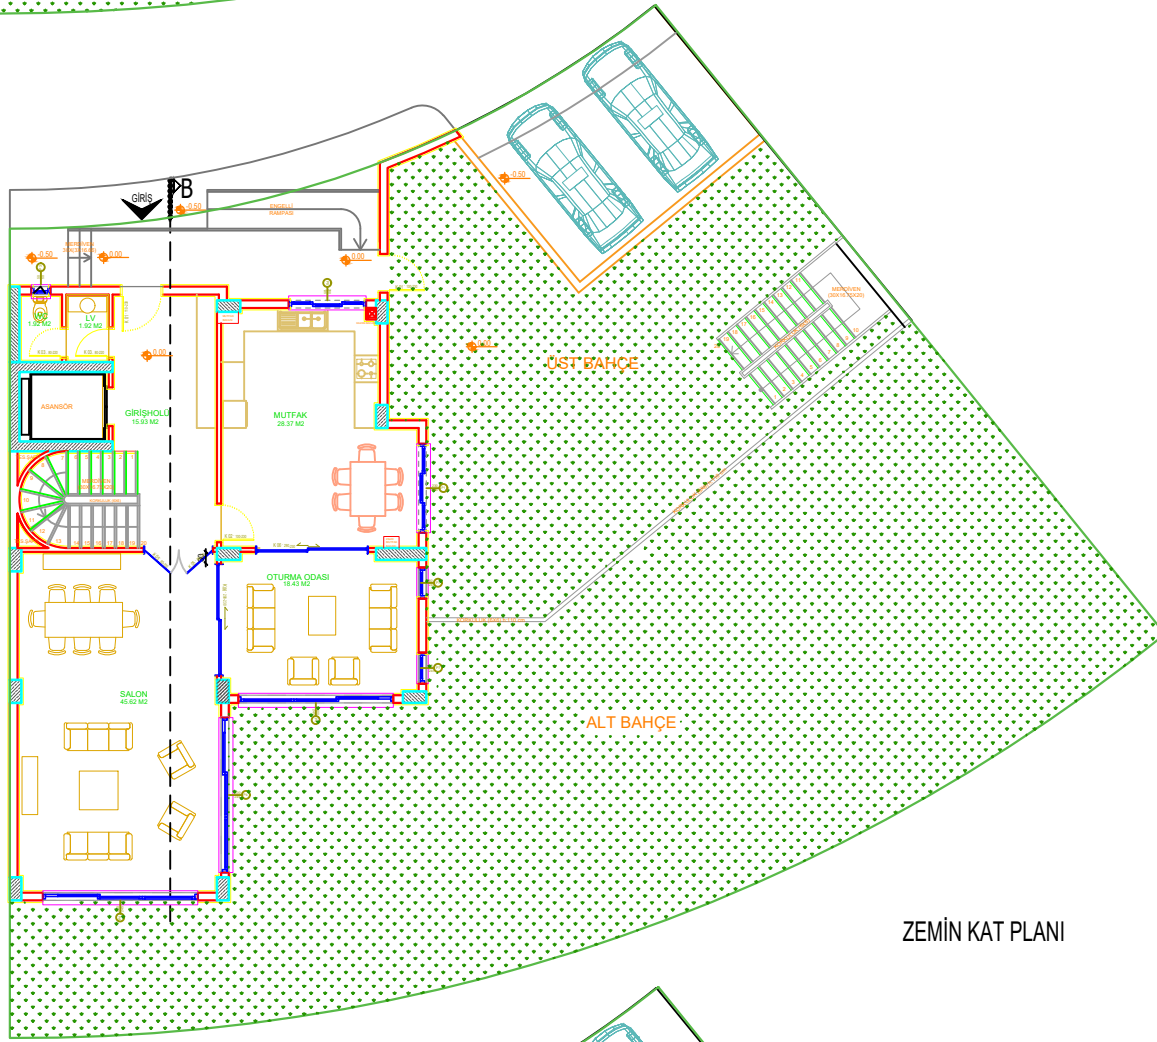

A TİPİ VİLLA

BODRUM KAT ALANI 144.21 m2

ZEMİN KAT ALANI 139.47 m2

NORMAL KAT ALANI 149.85 m2

TOPLAM ALAN 433.53 m2

ARSA 535 m2

ALT BAHÇE 354 m2

ÜST BAHÇE 171 m2

BODRUM KAT PLANI

ZEMİN KAT PLANI

NORMAL KAT PLANI
===============
EXERCISE
The answer should consist of every line above, exact and free of images.

TASK ANSWER
A TİPİ VİLLA

BODRUM KAT ALANI 144.21 m2

ZEMİN KAT ALANI 139.47 m2

NORMAL KAT ALANI 149.85 m2

TOPLAM ALAN 433.53 m2

ARSA 535 m2

ALT BAHÇE 354 m2

ÜST BAHÇE 171 m2

BODRUM KAT PLANI

ZEMİN KAT PLANI

NORMAL KAT PLANI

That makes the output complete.